Example 4: Full Outer Join
Scenario:
We want to get all employees and all departments even if there are no matches.
full_outer_join_df = employees.join(departments, "dept_id", "outer")
full_outer_join_df.show()
Output:
+-------+-----+----------+
|dept_id|name |dept_name |
+-------+-----+----------+
|101 |Alice |HR |
|101 |David |HR |
|102 |Bob |IT |
|103 |Charlie |Finance|
+-------+-----+----------+
When to Use?
- When you need all records from both datasets, filling missing values with
null
.
Example 5: Left Semi & Left Anti Join
Scenario:
- Left Semi Join: Returns employees who have a department.

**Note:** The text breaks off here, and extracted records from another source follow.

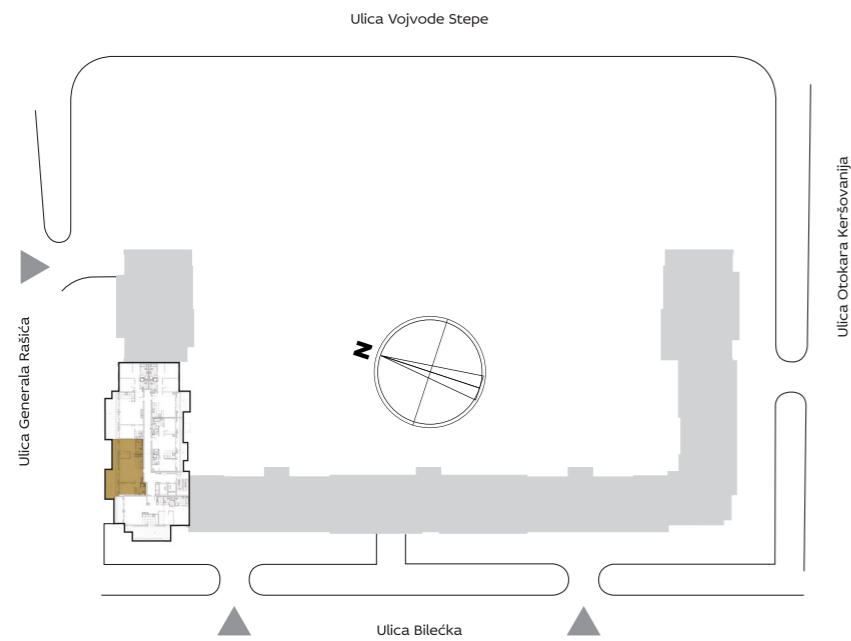

ORIJENTACIJA STANA U KOMPLEKSU

3D PRIKAZ STANA

ZGRADA

1

Penthouse
...
Trosoban

PROSTORIJE

1	ULAZ	1.87 m ²
2	DNEVNA SOBA SA TRPEZARIJOM	23.36 m ²
3	KUHINJA	4.66 m ²
4.1	KUPATILO	4.72 m ²
4.2	KUPATILO	5.50 m ²
5.1	SPAVAĆA SOBA	11.52 m ²
5.2	SPAVAĆA SOBA	9.76 m ²
6.1	HODNIK	1.93 m ²
6.2	GARDEROBER	3.20 m ²
NETO STANA BEZ TERASE		66.52 m ²
T1	TERASA	27.99 m ²
UKUPNO		94.51 m ²

OSNOVA STANA

IX
SPRAT

1.72
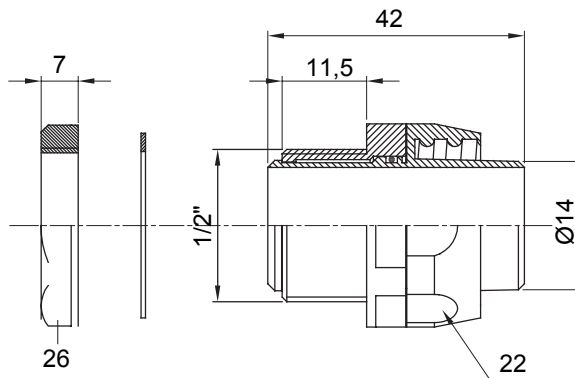

IP54 אביזר חיבור ישר ומסתובב למעטפת עם דרגת הגנה

צבע	RAL 7035 אפור	IP דרגה	IP54
גז פסיעה	1/2" קוטר	מ"מ(מ"מ) מעטפת קוטר	14
סוג	מסתובב	קוד חשמלי	210

DIMENSIONAL

TECHNICAL SYMBOLOGY

IP

IP54

STANDARDS/APPROVALS
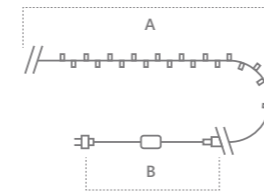

CL55, CL65, CL555, CL556, CL565

Гирлянда для дома – линейная. Шарики 230V, 3*AA

Новинка!

**Цвет свечения - мультикоolor/
белый/теплый белый**

«Линейная. Шарики». Расстояние между светодиодами – 10 см.
Соединение в линию – нет.
Цвет шнура – прозрачный.

CL55, CL65
режим работы настраивается
контроллером
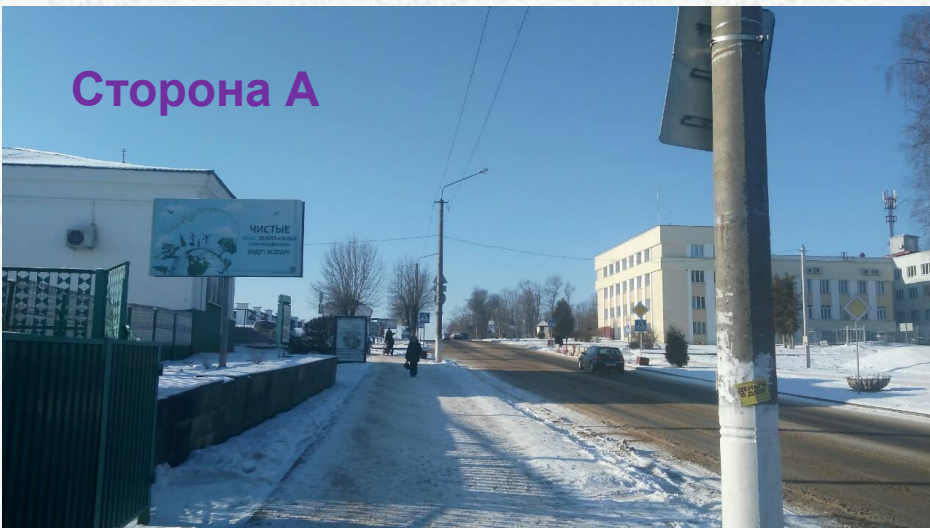

В непосредственной близости от  
цита:

- Центр города;
- Вблизи городской рынок;
- Оживленная трасса городского маршрутного транспорта.
- Магазин "Mark Formelle"

Арендная стоимость в месяц 185 бел. руб.  
00 копеек.

- Left Anti Join: Returns employees who don’t have a department.
semi_join_df = employees.join(departments, "dept_id", "left_semi")
semi_join_df.show()
anti_join_df = employees.join(departments, "dept_id", "left_anti")
anti_join_df.show()
Output (Left Semi Join):
+-------+-----+
|dept_id|name |
+-------+-----+
|101 |Alice |
|101 |David |
|102 |Bob |
|103 |Charlie |
+-------+-----+
Output (Left Anti Join):
+-------+-----+
|dept_id|name |
+-------+-----+
|105 |Eve |
+-------+-----+
When to Use?
- Semi Join: When you only need left dataset records that have a match.
- Anti Join: When you need records in the left dataset that have no match.
Performance Considerations
- Avoid Skewed Joins: If one dataset is significantly larger, consider broadcast joins to optimize.
- Use Partitioning: When joining large datasets, partitioning helps improve parallel processing.
- Prefer
reduceByKey
oraggregateByKey
if only aggregation is needed instead of joins.